I am currently investigating the property of random sequences with a special marginal distribution function $F(x)$. Given any random sequence $X_1, X_2, \cdots, X_n$, supposing their joint distribution is unknown but each of them follows the same marginal distribution $F(x)$, I want to prove that an inequality $H(\frac{1}{n-1}\sum_{i=1}^{n-1} E(X_iX_{i+1}))>0$ holds when $n \rightarrow \infty$.
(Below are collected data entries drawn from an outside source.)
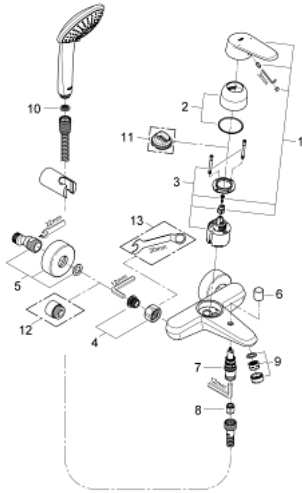

### 33 395 002 EURODISC COSMOPOLITAN SINGLE-LEVER BATH MIXER 1/2"

#### PRODUCT DESCRIPTION

- Colour: chrome
- wall mounted
- metal lever
- GROHE SilkMove 46 mm ceramic cartridge
- GROHE LongLife finish
- adjustable flow rate limiter
- adjustable minimum flow rate approx. 2.5 l/min
- automatic diverter: bath/shower
- mousseur
- integrated non-return valve in the shower outlet 1/2"
- S-unions
- protected against backflow
- optional temperature limiter ref. no. 46 308
- acoustic group I in accordance with DIN 4109
- with shower set
- consisting of:
  - hand shower Euphoria 110 Champagne (27 222)
  - wall shower holder (27 056)
  - shower hose Relaxaflex 1500 mm 1/2" x 1/2" (28 151)

## 33 395 002 EURODISC COSMOPOLITAN SINGLE-LEVER BATH MIXER 1/2"

### SPARE PARTS, March 2010 – now

- 1: Lever (Spare part-nr. 46743000)
- 2: Cap (Spare part-nr. 46427000)
- 3: Cartridge (Spare part-nr. 46048000)
- 4: Screw connection 1/2" (Spare part-nr. 45044000)
- 5: S-union (Spare part-nr. 12662000)
- 6: Diverter knob (Spare part-nr. 64309000)
- 7: Diverter (Spare part-nr. 65655000)
- 8: Non-return valve (Spare part-nr. 08565000)
- 9: Mousseur (Spare part-nr. 13952000)
- 10: Dirt strainer (Spare part-nr. 0700200M)
- 11: Temperature limiter (Spare part-nr. 46308000)\*
- 12: Extension 3/4", 20 mm (Spare part-nr. 0713000M)\*
- 13: Special spanner (Spare part-nr. 19377000)\*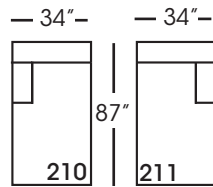

Leo-214/215  
Two Seated Bench End - RSE/LSE  
L73" D34" H37"

Leo-218/219  
Three Seated Bench End w/ Corner-  
RSE/LSE  
L106" D34" H37"

Seat Height 22"  
Seat Depth 21"  
Seat Depth Chaise 73"  
Arm Height 31"

**RG – No seams**

**NM, RS, & PS – One seam on cushion, front seat rail, in-back and outback at back cushion break**

**218 & 219 Seam Placement:**

**RG – No seams**

**NM, RS & PS – Seams on cushion, front seat rail, in-back and outback at back cushion breaks.**

ECLECTIC.SPIRITED.WONDERFULLY COMFORTABLE.

LEO • UPHOLSTERED • LOOSE PILLOW BACK

Alternate Chaise\*  
L34" D87" H37"  
*\*available as right or left seated*

2-Seated Bench End\*  
L73" D34" H37"  
*\*available as right or left seated*

3-Seated Bench End\*  
L106" D34" H37"  
*\*available as right or left seated*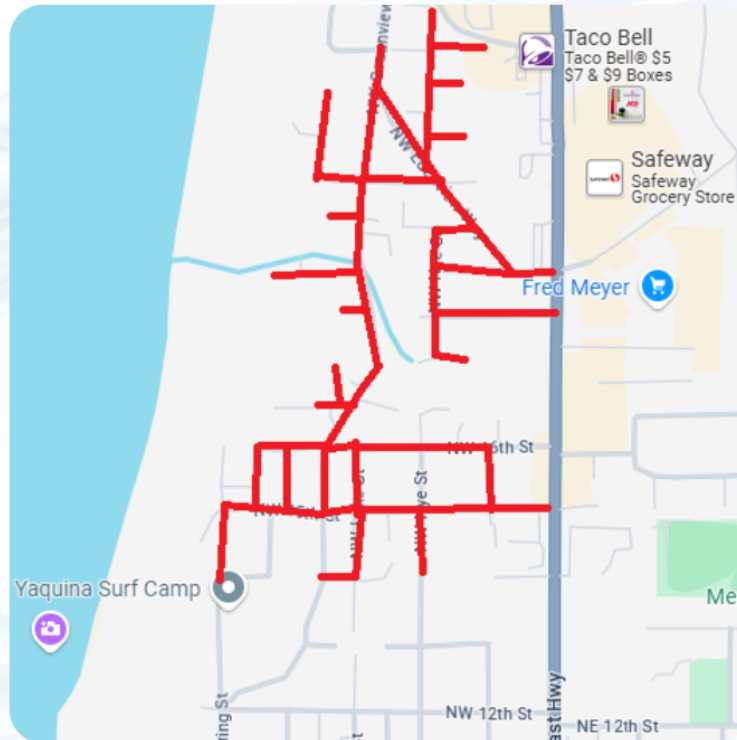

## March 17-20, 2025 Flushing Area

NW 14th St.  
NW 15th St.  
NW 16th St.  
NW 17th St.  
NW 18th St.  
NW 19th St.  
NW 20th St.  
NW 21st St.  
NW 22nd St.  
NW 23rd St.  
NW 24th St.  
NW 25th St.  
NW 19th Court  
NW 21st Court  
NW Edenvue Way  
NW Grove St.  
NW Hubert St.  
NW Lake St.  
NW Nye St.  
NW Pacific St.  
NW Spring St.  
NW Thompson St.

Streets are listed and mains are marked below in red. Flushing will take place between 8 am and 4 pm each day. For more information, call 541-574-0649.

Flushing will take place each day between 8 am and 4 pm.

Here is the strategy that I have tried. Supposing $ Y_1, Y_2, \cdots, Y_n $ are individually and identically distributed random variables with distribution function $F(x)$, they can be sorted in an increasing order to form order statistics $Y_{(1)} \leq Y_{(2)} \leq \cdots \leq Y_{(n)}$. Rearranging these order statistics to $Y_{\sigma(1)}, Y_{\sigma(2)}, \cdots, Y_{\sigma(n)}$ by a permutation $\sigma$, I can prove that $$ H(\frac{1}{n-1} \sum_{i=1}^{n-1} E(Y_{\sigma(i)} Y_{\sigma(i+1)})) > 0 $$ holds for any permutation $\sigma$ when $n \rightarrow \infty$.
Now can I use this result to prove that $H>0$ holds for any sequence of random variables with marginal $F(x)$ when $n \rightarrow \infty$ ? If so, could anyone offer some hint on how to do this? I guess copula theory can be used which I am not very familiar with.